--- Task inputs ---
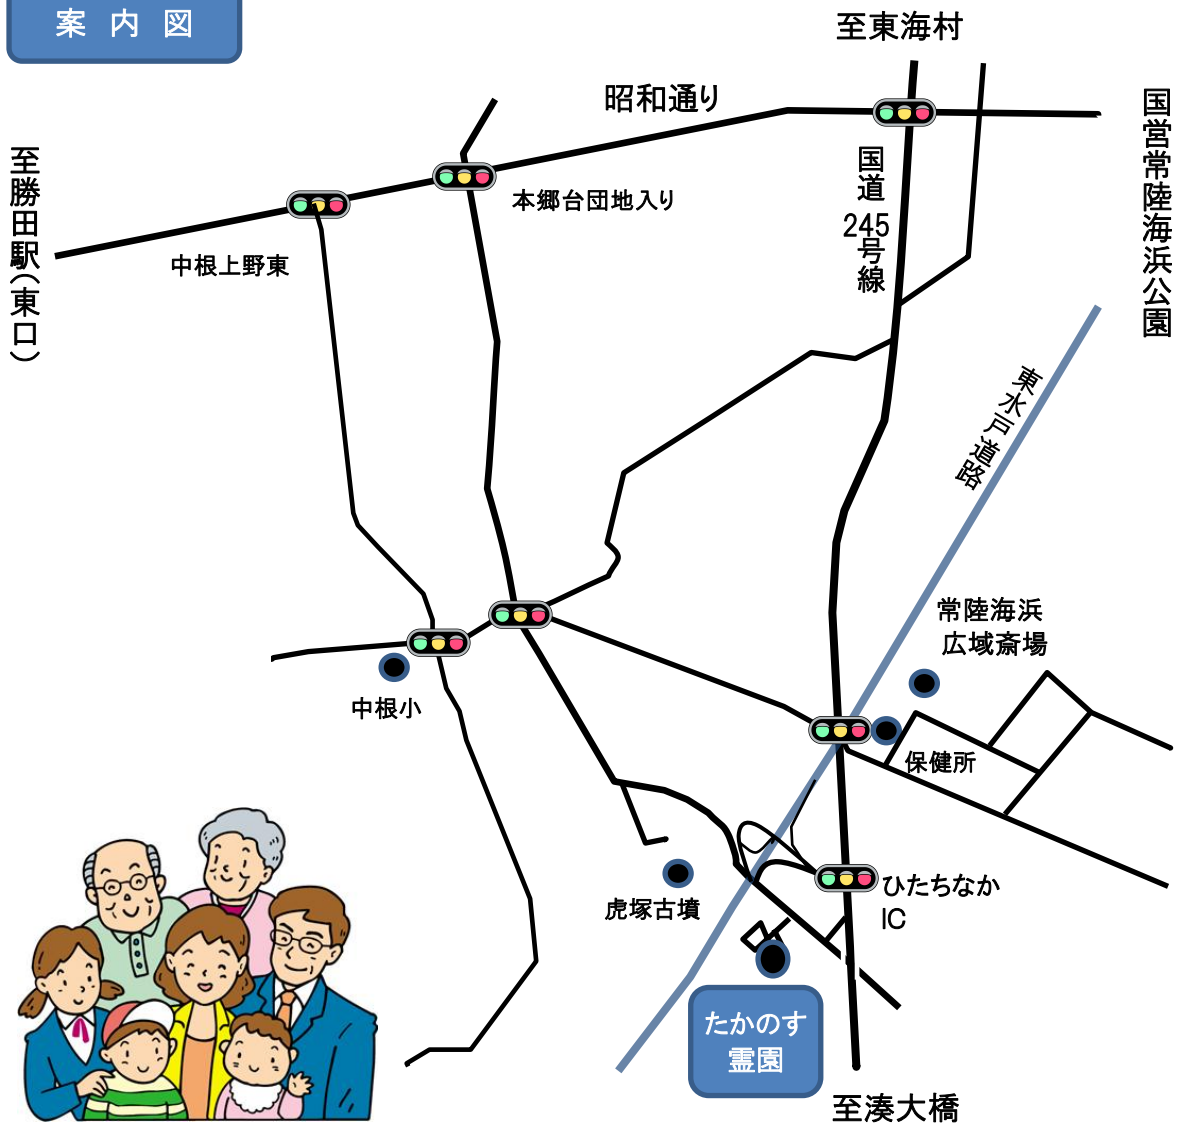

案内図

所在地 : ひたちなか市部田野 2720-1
---
--- Task inputs ---
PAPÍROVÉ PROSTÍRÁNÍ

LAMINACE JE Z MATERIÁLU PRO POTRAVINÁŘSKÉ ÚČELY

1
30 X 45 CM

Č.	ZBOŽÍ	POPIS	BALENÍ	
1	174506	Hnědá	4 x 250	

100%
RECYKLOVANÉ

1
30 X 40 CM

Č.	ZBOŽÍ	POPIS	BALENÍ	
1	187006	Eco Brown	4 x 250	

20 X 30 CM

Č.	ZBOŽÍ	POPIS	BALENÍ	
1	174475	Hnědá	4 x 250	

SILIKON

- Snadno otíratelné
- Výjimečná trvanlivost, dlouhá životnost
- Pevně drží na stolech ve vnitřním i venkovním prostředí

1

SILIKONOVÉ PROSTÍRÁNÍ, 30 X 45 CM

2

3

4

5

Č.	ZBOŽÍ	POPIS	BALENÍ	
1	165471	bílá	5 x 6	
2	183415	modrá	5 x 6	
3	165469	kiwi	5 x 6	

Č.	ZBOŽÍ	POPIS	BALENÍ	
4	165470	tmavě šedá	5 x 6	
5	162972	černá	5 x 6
---
--- Task inputs ---
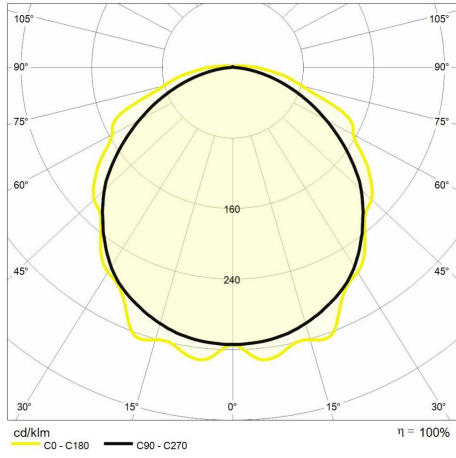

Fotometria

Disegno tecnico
---
What is the number of lines in the data that include the word "Hnědá"? State only that number.

2